• WORK INSTRUCTIONS: Across the lines of the records below, how many have the string "Hall" in them? Answer with the number alone.

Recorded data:

_ _ _

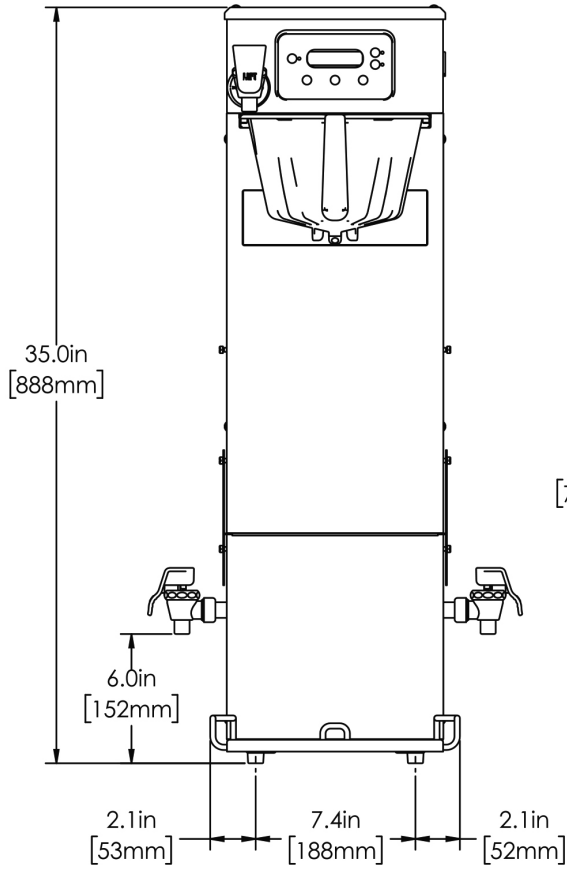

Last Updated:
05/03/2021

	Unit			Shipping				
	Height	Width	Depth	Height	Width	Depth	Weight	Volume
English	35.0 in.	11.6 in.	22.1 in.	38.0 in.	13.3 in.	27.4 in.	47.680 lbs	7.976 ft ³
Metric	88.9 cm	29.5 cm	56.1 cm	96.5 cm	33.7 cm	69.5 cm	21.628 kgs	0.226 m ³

_ _ _

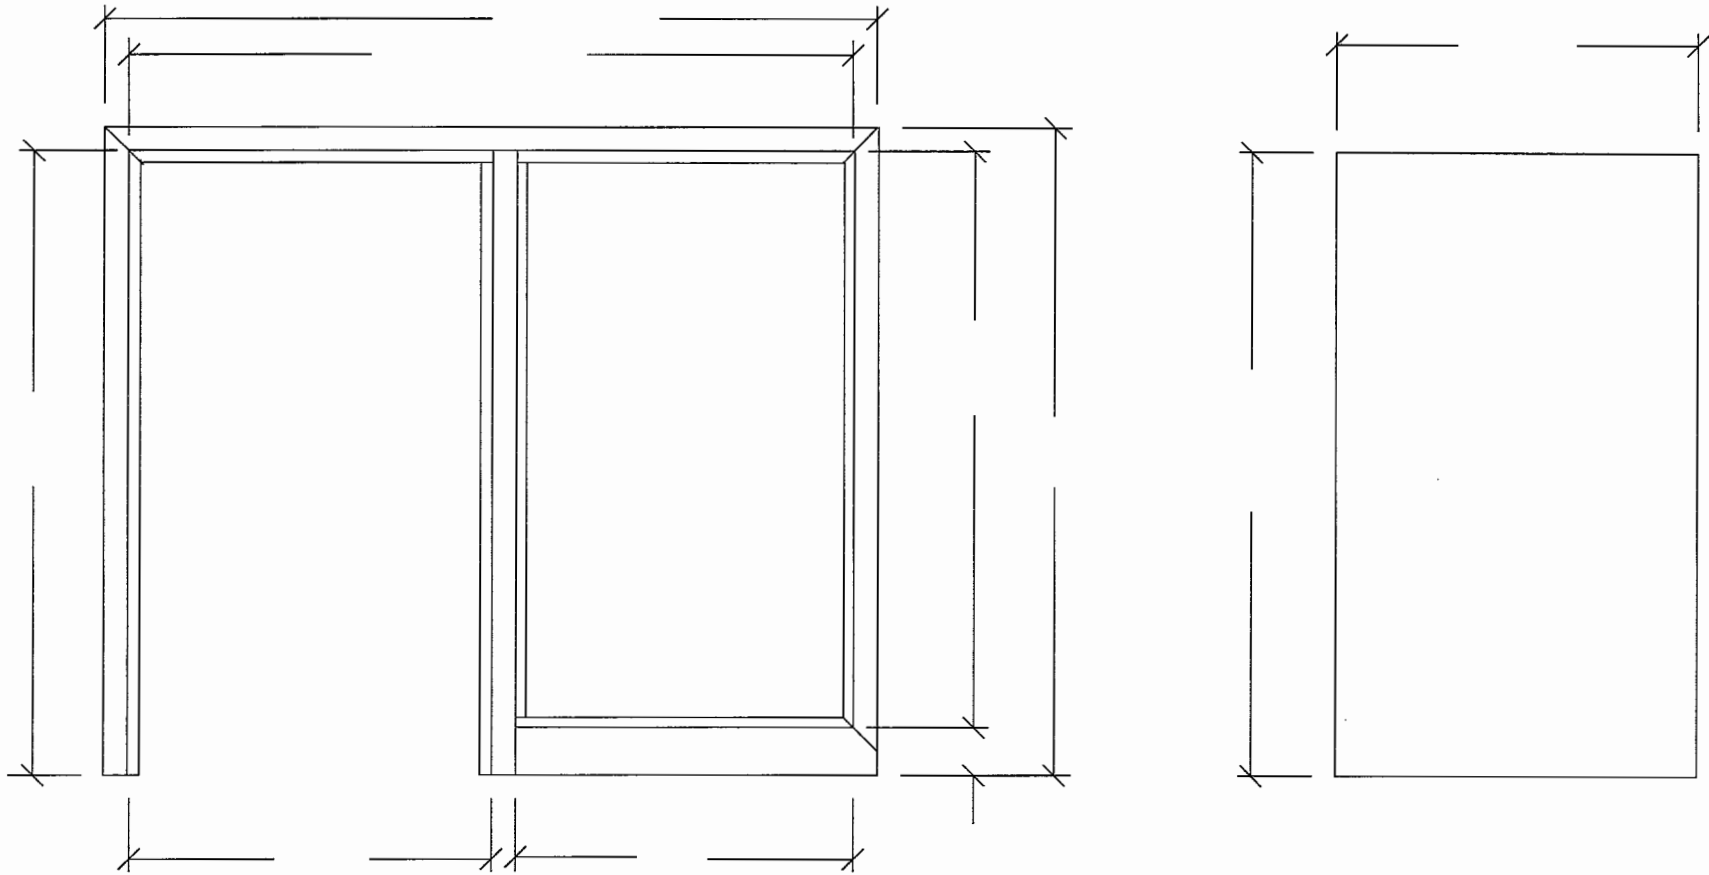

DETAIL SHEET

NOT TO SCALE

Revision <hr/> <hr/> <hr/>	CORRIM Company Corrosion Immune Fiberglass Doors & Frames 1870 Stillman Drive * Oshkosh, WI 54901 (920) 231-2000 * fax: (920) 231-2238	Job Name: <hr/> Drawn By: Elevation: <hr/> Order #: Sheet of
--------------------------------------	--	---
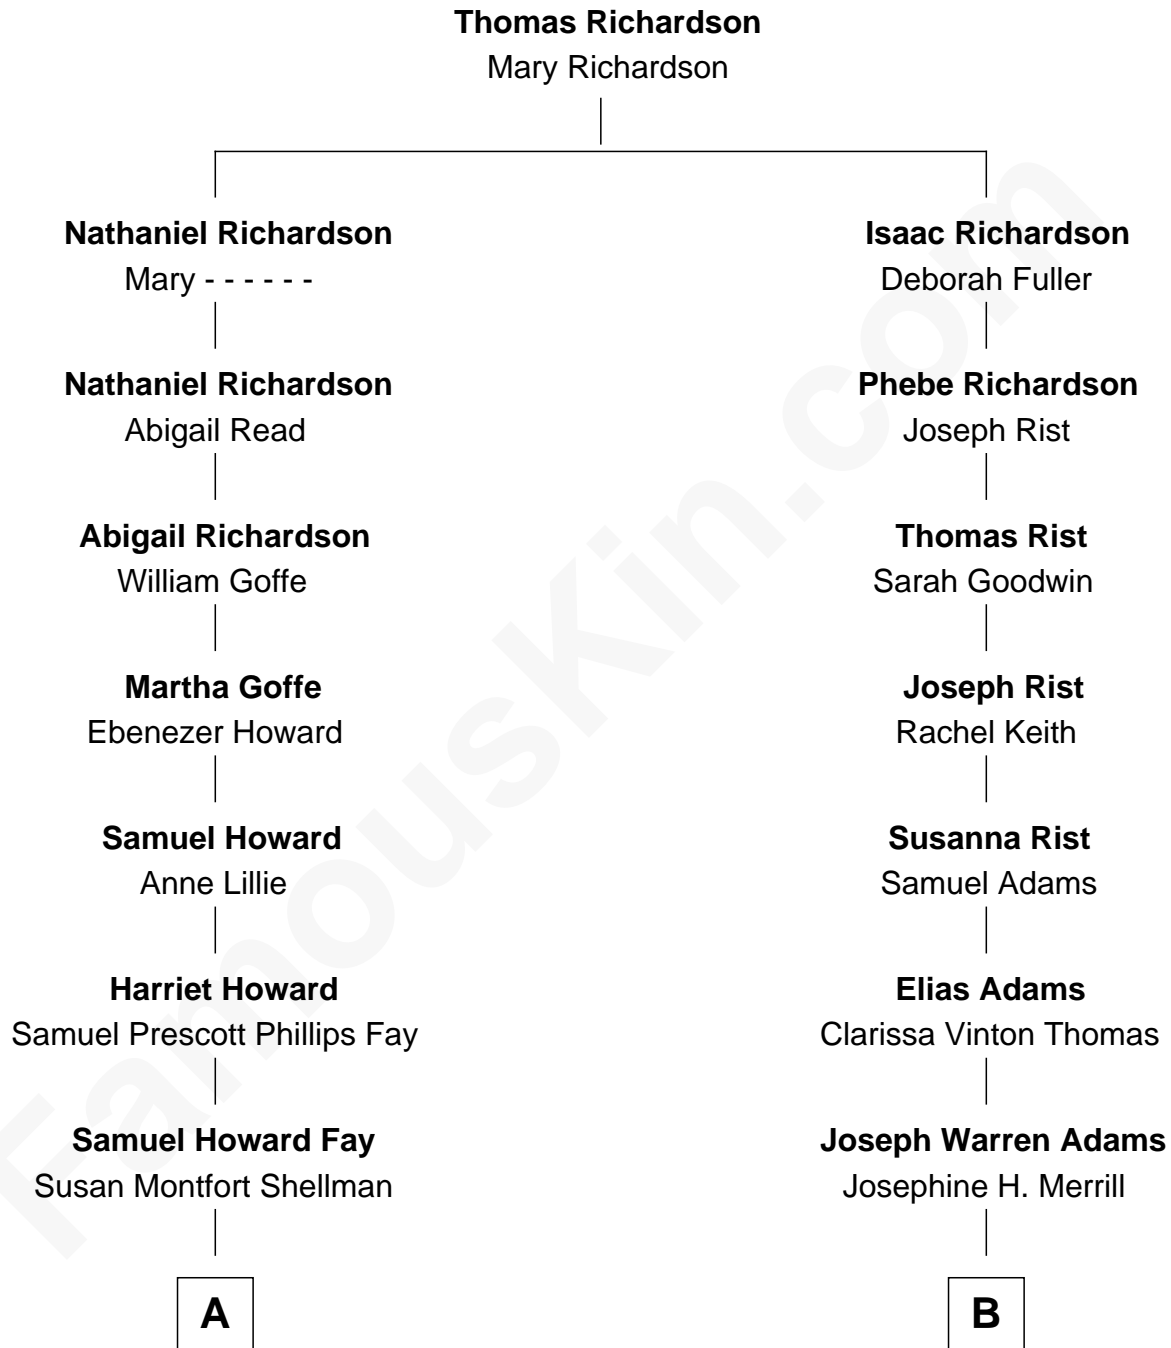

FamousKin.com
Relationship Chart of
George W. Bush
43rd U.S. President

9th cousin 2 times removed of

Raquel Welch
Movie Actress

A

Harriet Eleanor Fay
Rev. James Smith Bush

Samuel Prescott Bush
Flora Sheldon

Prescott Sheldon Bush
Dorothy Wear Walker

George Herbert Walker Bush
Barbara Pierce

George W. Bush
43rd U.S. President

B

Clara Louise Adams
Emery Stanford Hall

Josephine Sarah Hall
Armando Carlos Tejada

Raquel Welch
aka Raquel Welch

_ _ _

• TASK RESULT: 2